TOGETHER AS ONE . . . There are those who relegate the role of the peasant in the war of liberation but the one with the gun and the one with a cooking pot both played a significant role

Nick Mangwana View From the Diaspora
When this piece was started it had been titled “Truth be Told” but truth is always told in this column. So the title was changed to bring what it is all about in one line.

The month of August is dedicated to our heroes. When one commemorates the departed there is always a sombre and honest reflection that has to accompany it.

Reality has to be checked against principles, intentions and actions to see how honourable these have remained. When this columnist celebrates the life of his father who passed on 23 years ago, it is the same.

There is always a moment of reflection of what he stood for, there is some questioning whether as a parent he achieved the objectives he set out to.

There is also the question of whether those that remain represent that which he fought to achieve through them in his whole life. It is a moment of reckoning.

The same template is applied when we mark the lives of those that lost theirs to bring us independence. Have we achieved the ideals they lost it for? Are we still on the course they set so many decades ago?

The objective is not to make it comfortable for the editor, reader or the establishment. It is a “look where we are today” moment. If we can’t be honest with ourselves, then we are insulting the dead and their memory. It is better to take off the holiday from the calendar than to lie to them and their legacy. We shall tell the truth and the truth shall set us free.

The stated primary objective of the war for the liberation of Zimbabwe was to attain black majority rule and build an independent, multiracial country with equitable distribution of wealth among its people. One might ask, “What about the land?”.

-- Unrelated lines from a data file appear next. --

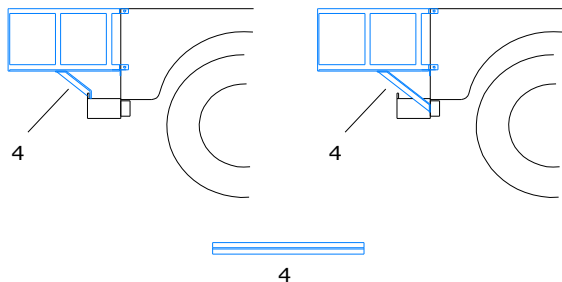

# WWII Jeep field accessories

AVM48003

1/48 scale photoetched accessory set

for Hasegawa kit

minor

Made in Europe 2011

[www.minor-web.com](http://www.minor-web.com)

**CAUTION** This product contain small pieces,  
not suitable for childrens under 10 years

-   
**Bend**
-   
**Symmetrically**  
 (Both sides)
-   
**Optional**
-   
 Original parts
-   
**minor**  
 kit parts
-   
 Scratchbuilt or  
 modified parts

Place the reinforcements as your choice,  
cut the n°16 piece as large as required.

Cut the parts in red to mount  
the rack along the spare wheel

Well, the land is the basis of the wealth. Controlling the land meant controlling the minerals in its belly, the farming activities as well as the interesting sites on top of it that attracted tourists. So, yes, the land was at the heart of the national grievance as it embodied both a social and economic cause.

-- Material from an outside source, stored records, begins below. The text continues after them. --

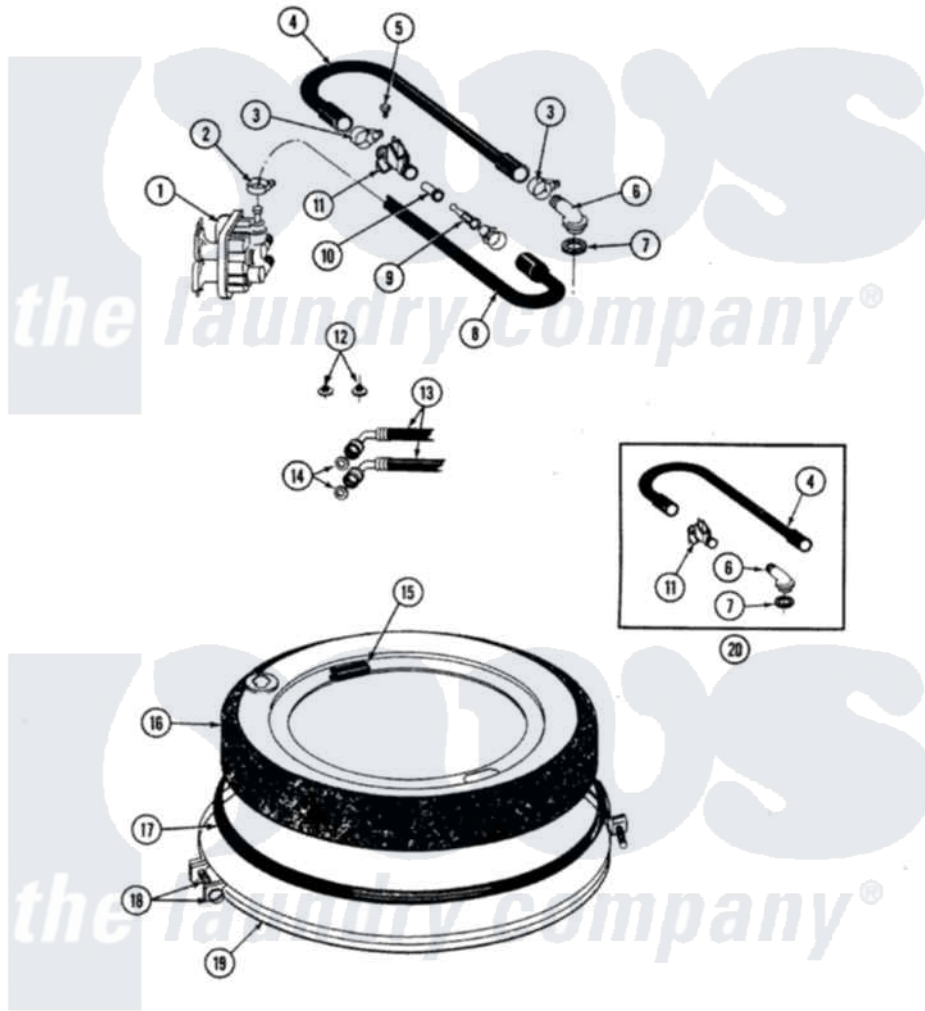

Maytag LA8210 09 - TUB COVER

SECTION: TUB COVER, WATER VALVE & WATER INJECTOR ASSEMBLY
 MODEL: A8120 A8210

P/N 16000168

Issue Date: 5/91

10

Maytag [Residential Maytag LA8210 Washer Parts](#) Parts Diagram 09 - TUB COVER
 Click on the part number to view part

Item	Original Part Number	Replaced By	Status	Part Description
1	205613			Water Valve
2	201575			Clamp, Hose
3	202515	596669		Clamp, Manifold
4	Y215234			Hose, Injector Fill
5	312620			Screw, Sems
6	215235			Tube, Injector
7	215233			Seal For Injector Tube
8	213013			Hose, Injector
9	213015			Nozzle, Injector
10	213016	216201		Nozzle
11	215447			Sleeve For Injector
12	200961	12001413		Strainer And Washer Kit
13	202860			Inlet Hose Assembly
14	Y013783			Washer, Inlet Hose
15	215232			Bumper, Unbalance
16	206380		Not Available	COVER, TUB

17

[211232](#)

Seal, Tub Cover

18

[205529](#)

Nut And Bolt Kit For Tub Clam

19

[200846](#)

Clamp - Tub Cover

20

206683

[206680](#)

Water Injector Assembly

If we are embarking on some kind of African context scientific socialism, how can we live with ourselves when we have people that are hoarding 10 000 hectares of land they did not pay for and yet we have a half a million people seeking land they can’t even get a square metre of it?

The only reason the war gained legitimacy and appeal among the peasant was because at the heart of it was the “land issue” and the mere mention of it made the objectives make sense.

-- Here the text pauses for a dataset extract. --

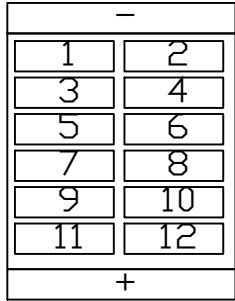

12V Distribution System

Fuse Block Panel
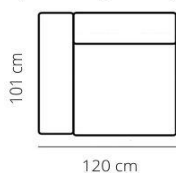

AL-1,5W (arm left)
1,5W-AR (arm right)

The Fast Track Land Redistribution Programme should be celebrated for providing land to 300 000 families, that is great achievement. But it also provided the nation with oligarchs and land hoarders, that cannot be ignored.

The replacement of the cruel Boer with an equally worker insensitive “black Boer” cannot be ignored either. Besides the absence of insensitive and condescending racial slur, the rest of the treatment of the worker is the same, if not worse. This is not what the peasant fought for. This is certainly not what most of the combatants fought for.

There are those who relegate the role of the peasant in all this but the one with the gun and the one with a cooking pot both played a significant role.

Guerrilla tactics were hit and run. So landmines would be set, some calculated skirmishes to hurt the enemy, some sabotage of infrastructure and the combatants would then disappear. But there was someone who could not just “disappear” because this was their home.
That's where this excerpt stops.